She went to primary education in Uganda at the Katatumba Academy, then went to Belmont Senior Secondary School in Vancouver, B.C Canada, where she obtained a Public Relations Diploma. She then went to Oxford Brookes University, England where she got Bachelor of Arts degrees in Economics and Law. Also at Oxford Brookes University, England, she continued on to obtain a master's degree in International Management/Public Relations. She then moved to Chicago, Illinois, where she worked.

When Angella moved back home to Uganda, she started working as the managing director at her father's Hotel Diplomaté. When her father died in 2017, as his deputy, she became the Acting Honorary Consul of Pakistan in Uganda for two years, until the President of Pakistan H.E Mamnoon Hussain, appointed someone else.

In addition to music, Angella started an NGO called the Angella Katatumba Development Foundation (AKDF) which is the umbrella of Angella's music projects.

Key achievements 
• In 2010 The British Council appointed Angella as the Climate Change ICON in Uganda.

• On 23 May 2016, Angella was invited by the United Nations Secretary-General Ban-Ki Moon, to attend and perform at the first-ever UN World Humanitarian Summit in Istanbul, Turkey.

• On 28 November 2016 Angella was invited by the African Union to represent Uganda at the 4th Annual Humanitarian Symposium in Nairobi, Kenya.

• On 9 September 2017, Angella had her first European headline performance in Austria, dubbed ‘African Gala’ at Längenfeldgasse 13-15 Street 1120, Vienna.

Discography 
Angella started to professionally record her music in Uganda. So far, she has recorded four albums.

• Peace Album – 10 tracks; For You Gulu, Peace ft. Buchaman, Sikyetaga ft. Bebe Cool, I Live For You, Let Me, I Surrender, One Minute Man ft. Bebe Cool, Success and Standing in the Rain.

• Glad I'm Alive Album - 10 tracks; Feel Alright ft. Navio, Glad I'm Alive, Thank You, The Pledge, Without You, Wind Beneath Your Wings, A Better Place ft. First Love, Forgiveness, Ngenze Noono and Gwenjagala.

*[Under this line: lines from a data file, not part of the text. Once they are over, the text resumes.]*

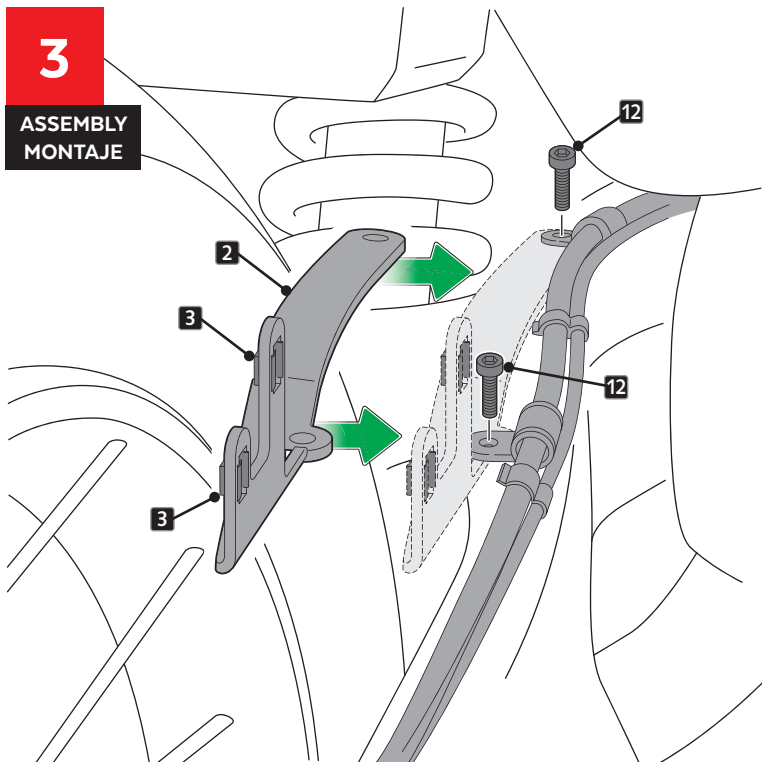

TRIUMPH TIGER 900 / GT / GT PRO / GT LOW / RALLY / RALLY PRO '20-
TIGER 850 SPORT '21-

M O U N T I N G I N S T R U C T I O N S

REF 20379

REAR MUDGUARD / GUARDABARROS TRASERO

1 Person

30 min

MEDIUM

ALLEN
Nº 3
Nº 4
Nº 5

ID	PIEZA/PART	DESCRIPCIÓN	DESCRIPTION	QTY	REF
1		Guardabarros	Mudguard	1	20379J/CM3
2		Soporte	Support	1	SOPORIP2--20379
3		Tuerca enjaulada de aluminio M6 (se suministra montada)	Lock nut M6 (supplied mounted)	2	TUERCAJFM6--716
4		Tornillo Allen M6x20 Ø14 ISO7380	M6x20 Ø14 ISO7380 Allen screw	2	TORNI-I7380-404
5		Tornillo Allen M6x25 Ø14 ISO 7380	M6x25 Ø14 ISO 7380 Allen screw	1	TORNI-I7380-405
6		Tornillo Allen M6x30 Ø14 ISO 7380	M6x30 Ø14 ISO 7380 Allen screw	1	TORNI-I7380-626
7		Tapón tornillo M6	M6 screw cap	4	TAPON-----86
8		Silentblock Ø18x Ø9 xØ11 x8	Ø18x Ø9 xØ11 x8 silentblock	4	SILENBGONE--064
9		Casquillo con valona Ø15 xØ9 x7,5	Ø15 xØ9 x7,5 bush with flange	4	CASQUI-1A---324
10		Casquillo Ø14x Ø8,5 X9	Ø14x Ø8,5 X9 arrowhead	1	CASQUI-----777
11		Casquillo Ø14x Ø8,5 x12	Ø14x Ø8,5 x12 arrowhead	1	CASQUI-M---769
12		Tornillo M6x15 DIN912	M6x15 DIN912 screw	2	TORNI-AD912-430

TRIUMPH TIGER 900 / GT / GT PRO / GT LOW / RALLY / RALLY PRO '20-
TIGER 850 SPORT '21-

INSTRUCCIONES DE MONTAJE - MOUNTING INSTRUCTIONS - MONTAGEANLEITUNG

TRIUMPH TIGER 900 / GT / GT PRO / GT LOW / RALLY / RALLY PRO '20-
/ TIGER 850 SPORT '21-

• Supernatural Girl Album - 15 tracks; Mulago Yaffe, Together Forever, Let's Go Green ft. Keko, In the Air ft. Keko, Only You, The Struggle ft. NTO, So Painful ft. NTO, Multiply By 2 ft. Radio and Weasel, Out of My Head ft. Kuzi Kz, They Don't Care About Us ft. Kuzi Kz, Supernatural Girl, So Close, Tonelabila ft. Daddy Andre, Darling ft. Mr. Green, Strange Feelings ft. Herbert Skillz.

• Wendi Album - 15 tracks;
Inside, All About You, Cool Down, Mukyikiri, Wendi ft. Daddy Andre, Goshodo ft. Mbuzi Gang, Only Jesus, Dance For You, Hey, Sample Dat, Jump In ft. Jegede, Love Me ft. Kent & Flosso, This Boy ft. Pastor Yiga, Emotional and Tubigezeeko.

References

External links 
"Katatumba's failed 8-year marriage to her first love"
"How I keep fit Angella Katatumba: Artiste, managing director, Hotel Diplomat"
"Angella Katatumba's Journey to Personal Progress"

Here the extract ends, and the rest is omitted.